Adult Richmond birdwings are very strong fliers usually active in the early morning and near dusk, when they can be easily observed feeding on flowers such as Lantana (Lantana camara), although eucalypt and Melaleuca flowers are also utilised. Observations of O. richmondia at other times of the day can lead to false impressions of their rarity, as the species can be locally abundant, albeit in small areas. Females are often observed some distance from their habitats and a migration of sorts has been noted in the QLD-NSW border ranges following years of exceptional rainfall. Such migrations allow populations of this species to establish in highland habitats over summer, although they die out over winter due to cold.

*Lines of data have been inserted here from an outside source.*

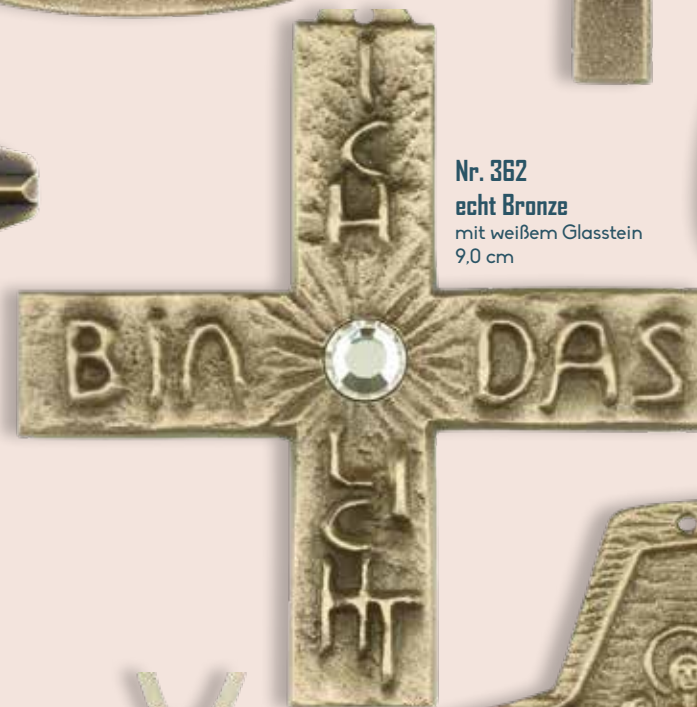

Kreuze aus Metallguss
Nr. 561 (goldf.)
8,0 cm
Nr. 560 (silberf.)
8,0 cm

Nr. 556
Metallguss
7,0 cm

Nr. 541
9,0 cm

Nr. 418
echt Bronze
8,5 cm

Nr. 362
echt Bronze
mit weißem Glasstein
9,0 cm

Nr. 550
echt Bronze
mit Band
5,0 cm

Nr. 423
echt Bronze
10,0 cm

Nr. 276
echt Bronze
10,0 cm

Nr. 407
echt Bronze
mit Bronzekette
5,5 cm

Nr. 515
echt Bronze
9,0 cm

Nr. 419
echt Bronze
4,5 cm
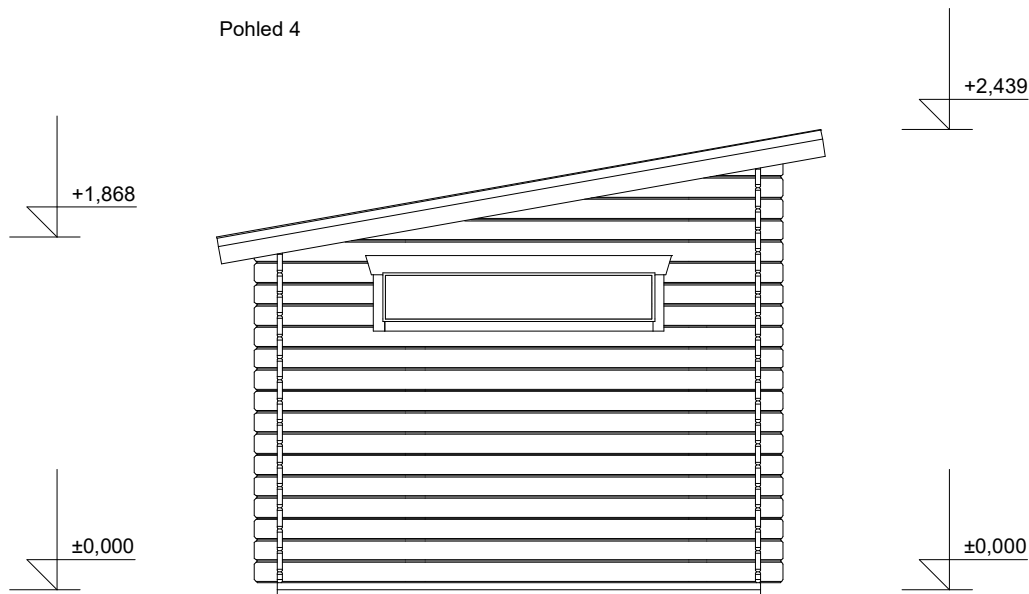

Kamal 4 EKO 4,6x2,5/0,3 m

Sklon střechy: cca 10°

Měřítko: 1:40

Výkres: pohledy

DELTA Svratka s.r.o.

Partyzánská 411, 592 02 Svratka

IČ: 150 50 611, DIČ: CZ 150 50 611

tel.: +420 566 662 215, tel/fax: +420 566 662 554

e-mail: info@deltasvratka.cz

<http://www.deltasvratka.cz/>

Obchodní oddělení: Kozinova 57/2, 102 00 Praha 10

tel/fax: +420 271 750 637, tel.: +420 603 804 264
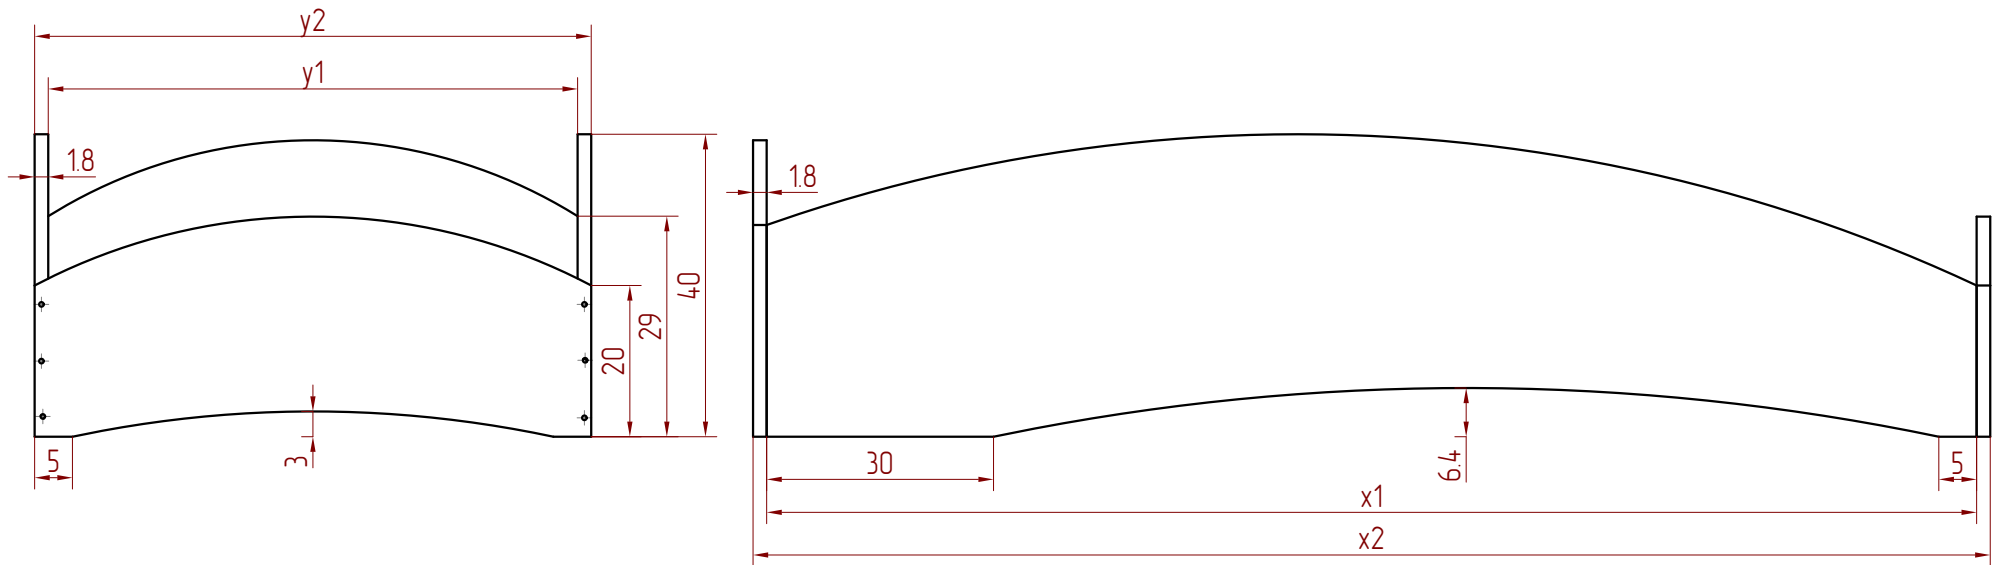

Szerokość / Width	y1	y2
	70	73,6
	80	83,6
	90	93,6
	100	103,6

Długość / Length	x1	x2
	140	143,6
	150	153,6
	160	163,6
	170	173,6
	180	183,6
	190	193,6
	200	203,6

* wymiary są wyrażone w centymetrach
 * dimensions are expressed in centimeters

Itemref	Quantity	Title/Name, designation, material, dimension etc			Article No./Reference	
Designed by D. Markiewka		Checked by Ł. Kocur	Approved by - date	File name	Date	Scale 1:1
Model BOX 6				Front and side view		
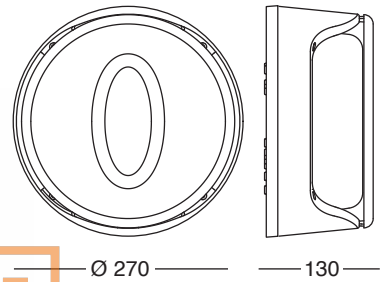

MODUL
ELECTRO
www.modulelectro.ru

	BLACK COLOUR
	GREEN COLOUR
	WHITE COLOUR
PC	TRANSPARENT OR OPAL
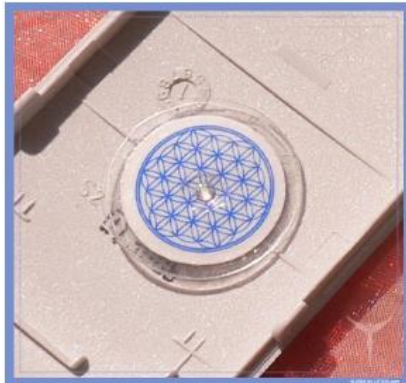

Chip Litios

Armonización de radiaciones móviles

**Material:**

Tarjeta laminada con fino tejido de fibra de vidrio con la flor de la vida

Con iniciación - energía cristalina

Medidas: Diámetro 2 cm.

Potencial espiritual:

Nos conecta con el patrón de pensamiento original de Dios. Llena el medio ambiente con la luz y la información proveniente de la Fuente, la Fuente perfecta de la armonía. "Que se haga la Luz" y se despierta. Nos recuerda toda la creación, la atmósfera, la tierra, nosotros mismos del estado natural perfecto y armonioso.

Y regresa todo al equilibrio, armonía y orden. El Arcángel Metatrón coloca con gran amor el patrón pensamiento original en estas tarjetas de Cristal. La Flor de la Vida. Todo lo que se pone en contacto con estas tarjetas de cristal o chip se llena con irradiación, pureza y con la Luz Original. Armoniza toda clase de radiación y programas.

Posibilidades de aplicación:

El cristal chip armoniza pequeños artefactos electrónicos tales como teléfonos celulares, Mp3. Uds. pueden transferir el chip de una cosa a otra.

Fragmento de la canalización de Metatrón:
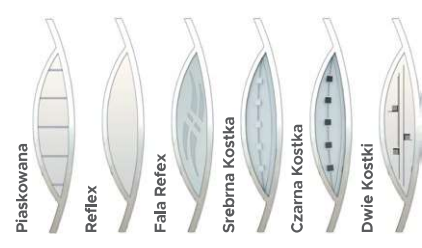

DOSTAWKI I SKRZYDŁA BIERNE

DEDYKOWANE	PEŁNA	X4			
OPCJONALNE	P5	P6	P7	P8	X2
	X3	X5	X6		

TYP DRZWI	INOX	32	32A	32B
Normal	Zewnątrz	1599	1599	1599
	Obustronne	1799	1799	1799
Premium	Zewnątrz	1779	1779	1779
	Obustronne	1979	1979	1979
Optimum	Zewnątrz	2329	2329	2329
	Obustronne	2529	2529	2529
Termo Prestige Lux	Zewnątrz	3590	3590	3590
	Obustronne	3790	3790	3790

W powyższej tabeli podane zostały ceny netto za kompletne drzwi.

WZÓR 31

WZÓR 31 A

PRZESZKLENIA

DOSTĘPNE RAMKI

- BLACK²
- INOX

POCHWYTY	ALFA 60° / 120 / 150	↙ 90° ↙ 45°
	BETA 120 / 150	↙ 90° ↙ 45°
	GAMMA 60 / 150	↙ 90°
	TORO 120 / 180	↙ 90°

Birdwing butterflies are extremely elegant fliers, using their forewings to generate most of the power for flight. These are moved in almost a circular arc, while the hindwings act almost as a tailplane. Birdwings of the genus Troides fly in a similar manner. If disturbed, their flight becomes very erratic, essentially a series of skips and hops weaving in and out of foliage. They typically fly high in the rainforest canopy, descending only to feed or oviposit on host plants.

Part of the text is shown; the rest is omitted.